Thanks a lot for your answer this helped a lot !

I worked on this this afternoon and the result is neat.



I still have some problem with the convergence (oscillations) but I'm working on the UFRs.

1) Now that my cold simulation is almost ok, I'll have a look at the non-premixed module.

2) For the mesh, I use some edge sizing modules to stretch the mesh where I'm not interested by the information (aside the flow). The mesh is perfectly symmetric.

3) I'm using 2nd order discretization (I first tried 1st order but 2nd seems better)

4) Pressure outlet is definitely the best, I'm not having problems anymore with it so I'm keeping this boundary condition

5) FMG initilization might converge faster but I'm not sure it's a good idea to go with it as everyone is using the hybrid one.

Thanks again !

[macfly]

Glad if I helped

Can you pinpoint which modification made the flow symmetric instead of tilting?

[miragef1]

Of course.

The residuals are not very stable yet but I'll try to tweak the UFR's a little bit.

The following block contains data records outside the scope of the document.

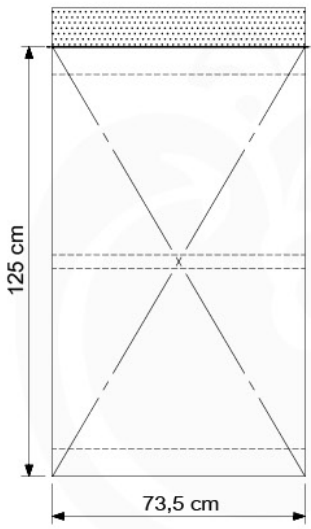

7

Canvas sheet 73,5 x 136,5 cm
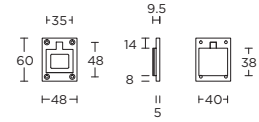

formani.com/A058

PB230

single solid internal lift-up sliding door handle with external flush pull

* blind or Y69

massieve set hefschuifdeurbeslag inclusief inbouwkom voor buitenzijde

* blind of PC69

formani.com/A059
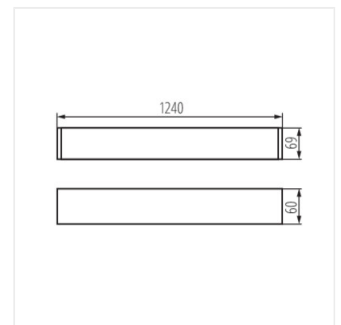

## ALIN 4LED 1230mm NT

Lineárne svietidlo pre LED tuby T8

AL 4LED 120-MPR-SR-NT

AL 4LED 120-MPR-B-NT

ALIN 4LED 1X120-W-NT

ALIN 4LED 1X120-SR-NT

ALIN 4LED 1X120-B-NT

AL 4LED 120-MPR-W-NT

So I basically only changed the method :
- Simple to Coupled
- Pressure Standart to PRESTO!
- And I put the pseudo transient on

For the UFRs :
- Pressure : 0.3
- Moment : 0.3
- Density : 0.8
- Body Force : 0.8
- Turbulent kinetic energy : 0.7
- Turbulent dissipation rate : 0.7
- Turbulent viscosity : 0.8

I also tried to use the non-premixed module but I'm not really converging. The flame is way too "long". My cavity is 1.5m long, I'm flowing O2 at 10m.s-1 and methane at 10m.s-1, this should be good but I think the problem is the convergence.

The static temperature is as follows :




The X-velocity :



We see that it's not symmetric. The upper nozzle is flowing methane the inlet velocities are the same but it's methane and air so I guess that's why it's not symmetric as they are not the same molar mass.


And here are the residuals :



I definitelly have a problem with the residuals, I'll try to tweak the UFRs a little bit or if you have any ideas ...

Thanks for your help !

[j.eduardo]

Hey,

Im modeling nom premixed combustion too, but in a slot burner with air/methane mixture with EDC but my combustion blow off.. i dont know what to to. Im using EDC and k-e realizeble and DRM19.

Some advice?

[miragef1]

Hi,

Why are you using EDC instead of non-premixed model ? This one worked pretty well for me. You have to use PRESTO! or Second Order pressure discretization with the coupled scheme. And the pseudo transcient option should be used too. Try to lower the relaxation factors A LOT to make your calculation converge (it does take a long time tough).

[j.eduardo]

I have to use EDC it is the objective, but i have solve the problem for now. Thank you very much for reply

[WJXu]

Hi, I am simulating a high pressure burner combustion. What kind of solver, pressure-based/density-based are you using? Did you check the mass flow rate balance yet? Thank you.